TASK:
Please copy the entries below word for word, leaving out any image.

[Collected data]
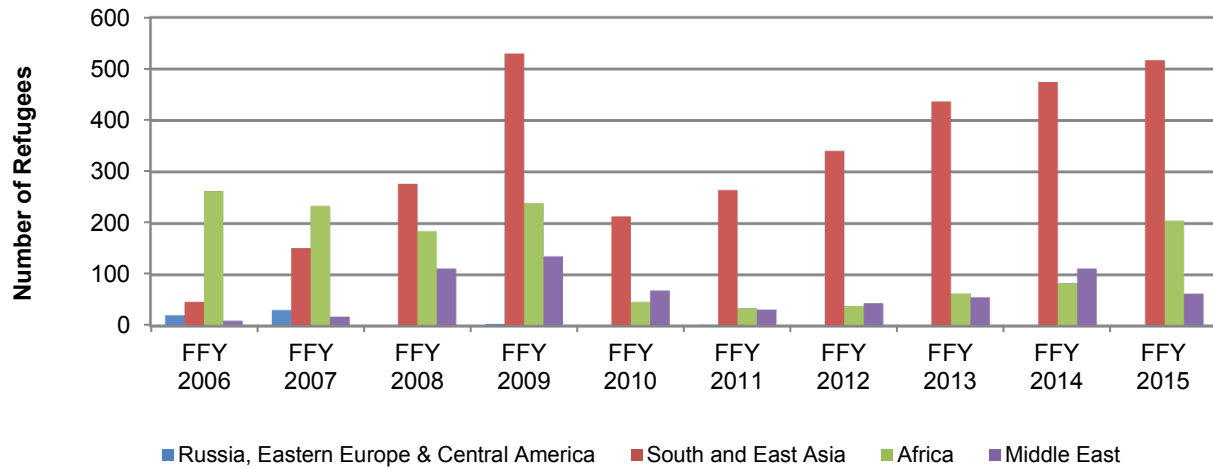

REFUGEE ARRIVALS IN IOWA FROM OVERSEAS

Federal Fiscal Year	Russia and Eastern Europe	South and East Asia	Africa	Middle East	Central America	Total
2006	21	47	263	10	0	341
2007	31	152	234	18	0	435
2008	0	277	185	112	0	574
2009	0	530	239	136	4	909
2010	0	214	47	69	0	330
2011	3	265	34	32	0	334
2012	0	341	39	55	4	439
2013	0	437	63	56	0	556
2014	0	475	83	112	4	674
2015	0	517	205	63	2	787
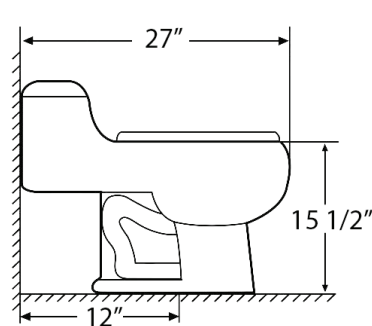

Parts

- SM-TPT02 : Fill Valve
- SM-TPT19 : Flush Button
- SM-TPT03 : Flush Valve
- SM-TTL03 : Tank Lid
- SM-QRS03 : Toilet Seat
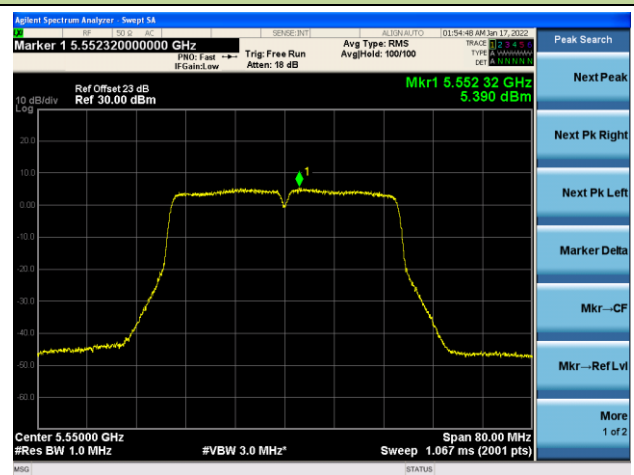

Channel 54 (5270MHz)

Channel 62(5310MHz)

Channel 102 (5510MHz)

Channel 110 (5550MHz)

802.11ac-VHT80 Power Spectral Density - Ant 1

Channel 42 (5210MHz)

Channel 58 (5290MHz)

Channel 106 (5530MHz)
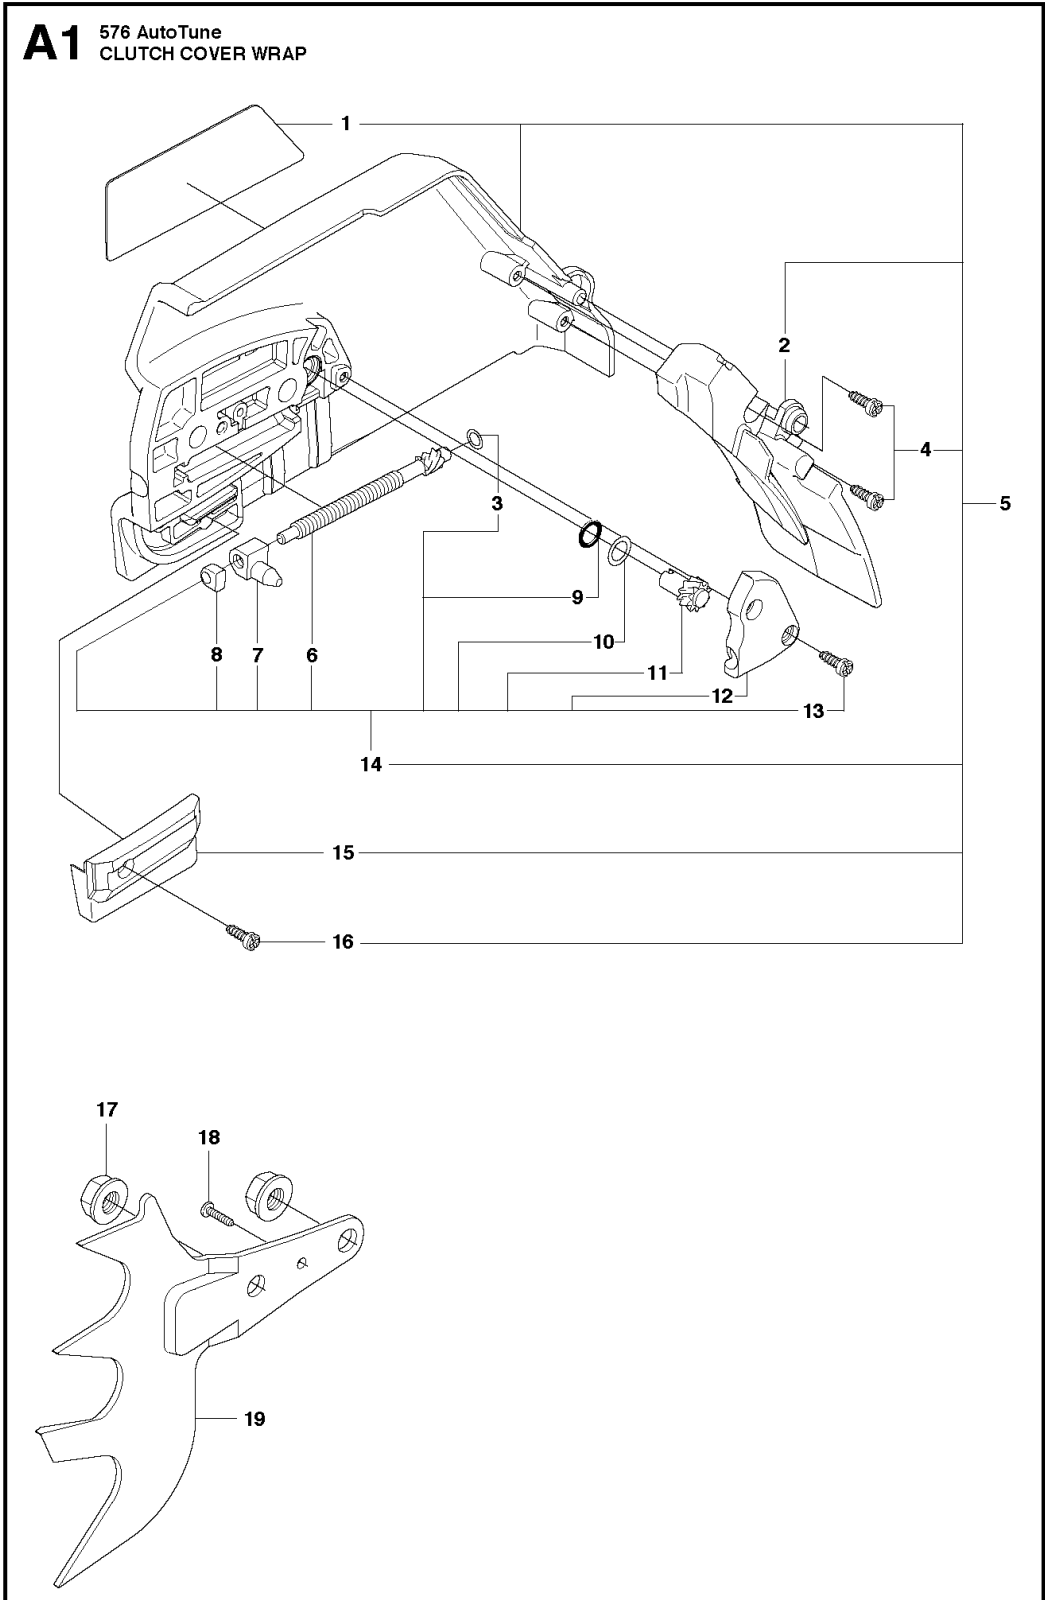

B 576 AutoTune
CLUTCH & OIL PUMP

CLUTCH & OIL PUMP

576 XP AUTO TUNE, from 2017-06

Ref	Part No	Description	Remark	QTY KIT
1	504 54 72-02	CLUTCH DRUM ASSY	3/8 x 7T	1
1	504 54 72-03	CLUTCH DRUM ASSY	3/8 x 8T	1
2	503 75 24-01	WASHER		1
3	503 27 21-01	E-CLIP		1
4	501 59 80-02	RIM	3/8 x 7T	1
4	505 30 36-61	RIM	3/8 x 8T	1
5	503 43 20-01	NEEDLE HOLDER		1
6	537 36 06-01	CLUTCH SPRING		3
7	586 79 84-02	CLUTCH ASSY		1
8	503 86 17-03	CLUTCH DRUM ASSY		1
9	503 43 20-01	NEEDLE HOLDER		1
10	503 20 53-01	SCREW IHSCM		2
11	501 89 53-01	OIL HOSE		1
12	503 62 49-01	SEALING PLUG		1
13	503 52 15-01	PUMP PISTON		1
14	503 23 00-04	WASHER		2
15	501 61 58-01	SPRING		1
16	537 20 78-04	PUMP PINION		1
17	537 20 91-01	OIL PRESSURE HOSE		1
18	503 81 30-01	SPRING		1
19	503 52 13-03	OIL PUMP ASSY		1
20	503 81 13-01	PIN SCREW		1
21	501 54 41-02	OIL SCREEN		1

CLUTCH COVER

576 XP AUTO TUNE, from 2017-06

Ref	Part No	Description	Remark	QTY	KIT
1	537 03 38-03	LABEL		1	5
2	537 17 41-01	CHIP GUARD		1	5
3	503 23 00-66	WASHER		1	14
4	503 21 28-10	SCREW CCRPANT		1	5
5	537 33 10-05	CLUTCH COVER ASSY	576XPW	1	
6	537 07 95-02	WORM SCREW		1	5, 14
7	503 99 83-01	PAWL		1	5, 14
8	537 01 74-01	BEARING SLEEVE		1	5, 14
9	740 48 07-02	O-RING		1	5, 14
10	503 23 00-63	WASHER		1	5, 14
11	537 07 94-02	WORM WHEEL		1	5, 14
12	537 01 68-01	COVER		1	5, 14
13	503 21 28-10	SCREW CCRPANT		2	14
14	537 04 41-02	CHAIN TENSIONER		1	5
15	537 04 34-01	CHAIN GUIDE		1	5
16	503 21 28-10	SCREW CCRPANT		1	5
17	503 22 00-01	HEXAGON NUT		2	
18	503 21 28-10	SCREW CCRPANT		1	
19	503 92 27-01	SPIKE		1	
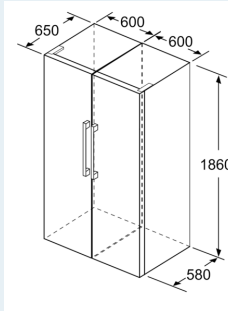

KSW36, GSD36
KSV36, KSF36, GSN36, GSV36
KSV33, GSN33, GSV33
KSV29, GSN29, GSV29
GSV24
GSN51
GSN54
GSN58

- a Height
- b Width
- c Depth with closed door w/o handle
- d Depth of cabinet w/o distance
- e Width with open door w/o handle
- f Depth with open door w/o handle
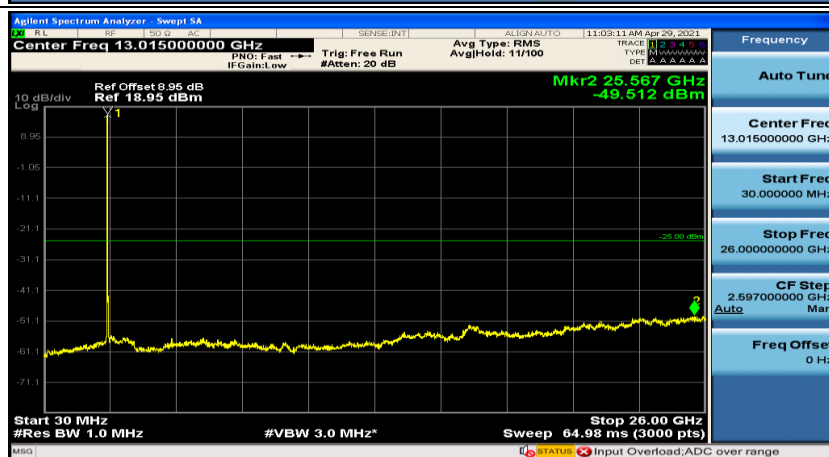

### Channel Bandwidth: 15 MHz

(Channel Bandwidth:15 MHz)\_MCH\_16QAM\_1RB#0

(Channel Bandwidth:15 MHz)\_MCH\_16QAM\_1RB#37
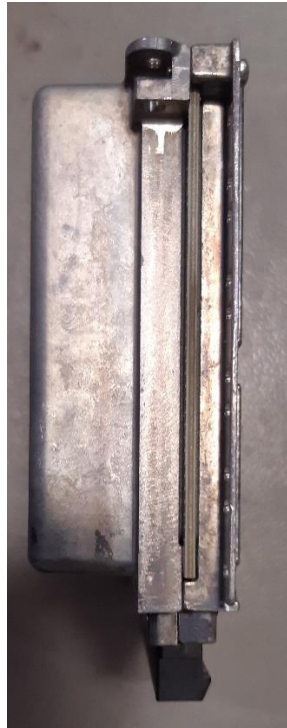

# Radio Module B66 –External picture

7847637-xx and 7847598-xx

TOP View

BOTTOM View

Connector side view

Rear side View

Left and Right side view
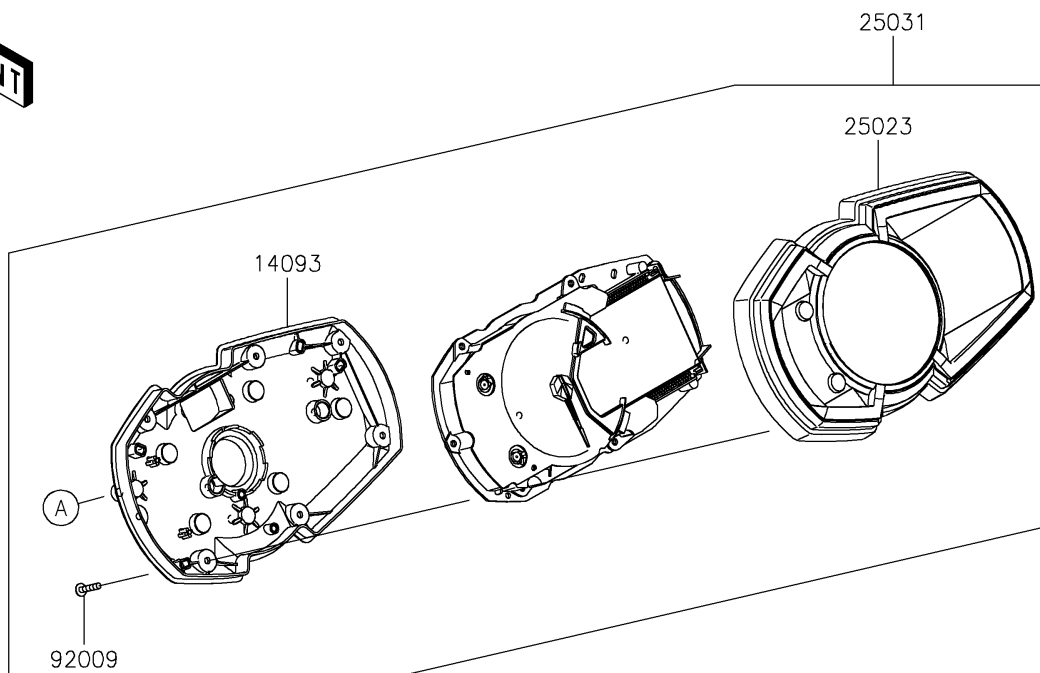

2020 Ninja[®] ZX[™]-6R

PARTS DIAGRAM

Meter(s)

Kawasaki

Let the Good Times Roll[®]

F2530

2020 Ninja® ZX™-6R

PARTS LIST

Meter(s)

Kawasaki
Let the Good Times Roll®

ITEM NAME

PART NUMBER

QUANTITY
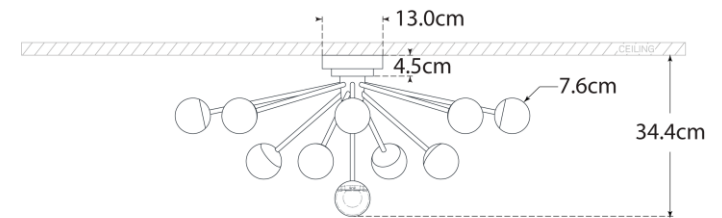

TEAR SHEET

Alloway 30" Flush Mount

Item # KS 4230PN-CG-EU

Designer: kate spade new york

Height: 34.3cm

Width: 76.2cm

Canopy: 12.7cm Round

Finishes: PN, SB

Glass Options: CG

Socket: Dedicated LED

Wattage: 40w (3200lm)

IP Rating: IP20 Class I

Side View

Top View
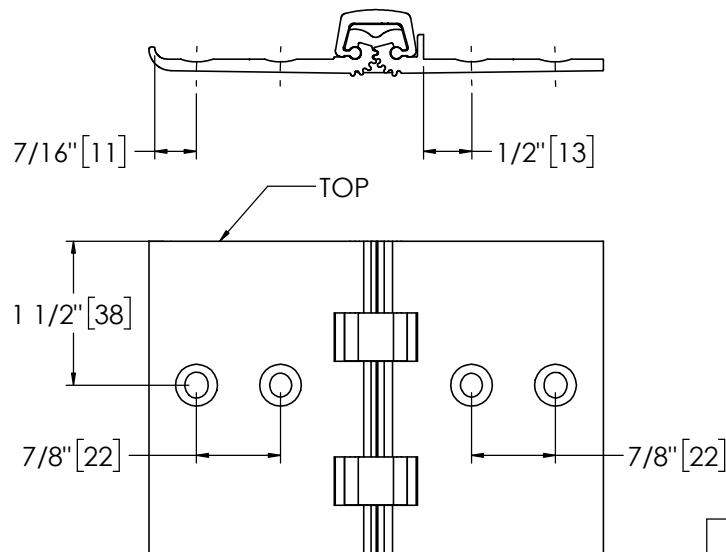

## Pemko 83" X-SERIES FULL MORTISE - 1100 SERIES

The global leader in  
door opening solutions

**\*\* CAUTION \*\***  
Due to Frame  
Installation  
Variations, Pre-drilling  
For Fasteners IS NOT  
Recommended
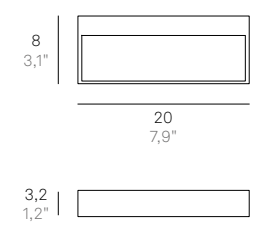

Parete / Wall

LD0230* LED

220-240V | 3000K | CRI>80 | 50-60Hz | 4,5W | 392lm | beam angle 50° | **IP54**

Finiture disponibili / Available finishes
B3 Bianco / White
G3 Grigio scuro / Dark grey

LD0231* LED

220-240V | 3000K | CRI>80 | 50-60Hz | 4,5W | 392lm | beam angle 50° | **IP54**

Finiture disponibili / Available finishes
B3 Bianco / White
G3 Grigio scuro / Dark grey

LD0232* LED

220-240V | 3000K | CRI>80 | 50-60Hz | 8,5W | 729lm | beam angle 70° | **IP54**

Finiture disponibili / Available finishes
B3 Bianco / White
G3 Grigio scuro / Dark grey

(*) Da completare con il codice della finitura colore / Complete with code of finish

EXPECTED ANSWER:
REFUGEE ARRIVALS IN IOWA FROM OVERSEAS

Federal Fiscal Year	Russia and Eastern Europe	South and East Asia	Africa	Middle East	Central America	Total
2006	21	47	263	10	0	341
2007	31	152	234	18	0	435
2008	0	277	185	112	0	574
2009	0	530	239	136	4	909
2010	0	214	47	69	0	330
2011	3	265	34	32	0	334
2012	0	341	39	55	4	439
2013	0	437	63	56	0	556
2014	0	475	83	112	4	674
2015	0	517	205	63	2	787

Parts

- SM-TPT02 : Fill Valve
- SM-TPT19 : Flush Button
- SM-TPT03 : Flush Valve
- SM-TTL03 : Tank Lid
- SM-QRS03 : Toilet Seat

Channel 54 (5270MHz)

Channel 62(5310MHz)

Channel 102 (5510MHz)

Channel 110 (5550MHz)

802.11ac-VHT80 Power Spectral Density - Ant 1

Channel 42 (5210MHz)

Channel 58 (5290MHz)

Channel 106 (5530MHz)

B 576 AutoTune
CLUTCH & OIL PUMP

CLUTCH & OIL PUMP

576 XP AUTO TUNE, from 2017-06

Ref	Part No	Description	Remark	QTY KIT
1	504 54 72-02	CLUTCH DRUM ASSY	3/8 x 7T	1
1	504 54 72-03	CLUTCH DRUM ASSY	3/8 x 8T	1
2	503 75 24-01	WASHER		1
3	503 27 21-01	E-CLIP		1
4	501 59 80-02	RIM	3/8 x 7T	1
4	505 30 36-61	RIM	3/8 x 8T	1
5	503 43 20-01	NEEDLE HOLDER		1
6	537 36 06-01	CLUTCH SPRING		3
7	586 79 84-02	CLUTCH ASSY		1
8	503 86 17-03	CLUTCH DRUM ASSY		1
9	503 43 20-01	NEEDLE HOLDER		1
10	503 20 53-01	SCREW IHSCM		2
11	501 89 53-01	OIL HOSE		1
12	503 62 49-01	SEALING PLUG		1
13	503 52 15-01	PUMP PISTON		1
14	503 23 00-04	WASHER		2
15	501 61 58-01	SPRING		1
16	537 20 78-04	PUMP PINION		1
17	537 20 91-01	OIL PRESSURE HOSE		1
18	503 81 30-01	SPRING		1
19	503 52 13-03	OIL PUMP ASSY		1
20	503 81 13-01	PIN SCREW		1
21	501 54 41-02	OIL SCREEN		1

CLUTCH COVER

576 XP AUTO TUNE, from 2017-06

Ref	Part No	Description	Remark	QTY	KIT
1	537 03 38-03	LABEL		1	5
2	537 17 41-01	CHIP GUARD		1	5
3	503 23 00-66	WASHER		1	14
4	503 21 28-10	SCREW CCRPANT		1	5
5	537 33 10-05	CLUTCH COVER ASSY	576XPW	1	
6	537 07 95-02	WORM SCREW		1	5, 14
7	503 99 83-01	PAWL		1	5, 14
8	537 01 74-01	BEARING SLEEVE		1	5, 14
9	740 48 07-02	O-RING		1	5, 14
10	503 23 00-63	WASHER		1	5, 14
11	537 07 94-02	WORM WHEEL		1	5, 14
12	537 01 68-01	COVER		1	5, 14
13	503 21 28-10	SCREW CCRPANT		2	14
14	537 04 41-02	CHAIN TENSIONER		1	5
15	537 04 34-01	CHAIN GUIDE		1	5
16	503 21 28-10	SCREW CCRPANT		1	5
17	503 22 00-01	HEXAGON NUT		2	
18	503 21 28-10	SCREW CCRPANT		1	
19	503 92 27-01	SPIKE		1	

KSW36, GSD36
KSV36, KSF36, GSN36, GSV36
KSV33, GSN33, GSV33
KSV29, GSN29, GSV29
GSV24
GSN51
GSN54
GSN58

- a Height
- b Width
- c Depth with closed door w/o handle
- d Depth of cabinet w/o distance
- e Width with open door w/o handle
- f Depth with open door w/o handle

### Channel Bandwidth: 15 MHz

(Channel Bandwidth:15 MHz)\_MCH\_16QAM\_1RB#0

(Channel Bandwidth:15 MHz)\_MCH\_16QAM\_1RB#37

# Radio Module B66 –External picture

7847637-xx and 7847598-xx

TOP View

BOTTOM View

Connector side view

Rear side View

Left and Right side view

2020 Ninja[®] ZX[™]-6R

PARTS DIAGRAM

Meter(s)

Kawasaki

Let the Good Times Roll[®]

F2530

2020 Ninja® ZX™-6R

PARTS LIST

Meter(s)

Kawasaki
Let the Good Times Roll®

ITEM NAME

PART NUMBER

QUANTITY

TEAR SHEET

Alloway 30" Flush Mount

Item # KS 4230PN-CG-EU

Designer: kate spade new york

Height: 34.3cm

Width: 76.2cm

Canopy: 12.7cm Round

Finishes: PN, SB

Glass Options: CG

Socket: Dedicated LED

Wattage: 40w (3200lm)

IP Rating: IP20 Class I

Side View

Top View

## Pemko 83" X-SERIES FULL MORTISE - 1100 SERIES

The global leader in  
door opening solutions

**\*\* CAUTION \*\***  
Due to Frame  
Installation  
Variations, Pre-drilling  
For Fasteners IS NOT  
Recommended

Parete / Wall

LD0230* LED

220-240V | 3000K | CRI>80 | 50-60Hz | 4,5W | 392lm | beam angle 50° | **IP54**

Finiture disponibili / Available finishes
B3 Bianco / White
G3 Grigio scuro / Dark grey

LD0231* LED

220-240V | 3000K | CRI>80 | 50-60Hz | 4,5W | 392lm | beam angle 50° | **IP54**

Finiture disponibili / Available finishes
B3 Bianco / White
G3 Grigio scuro / Dark grey

LD0232* LED

220-240V | 3000K | CRI>80 | 50-60Hz | 8,5W | 729lm | beam angle 70° | **IP54**

Finiture disponibili / Available finishes
B3 Bianco / White
G3 Grigio scuro / Dark grey

(*) Da completare con il codice della finitura colore / Complete with code of finish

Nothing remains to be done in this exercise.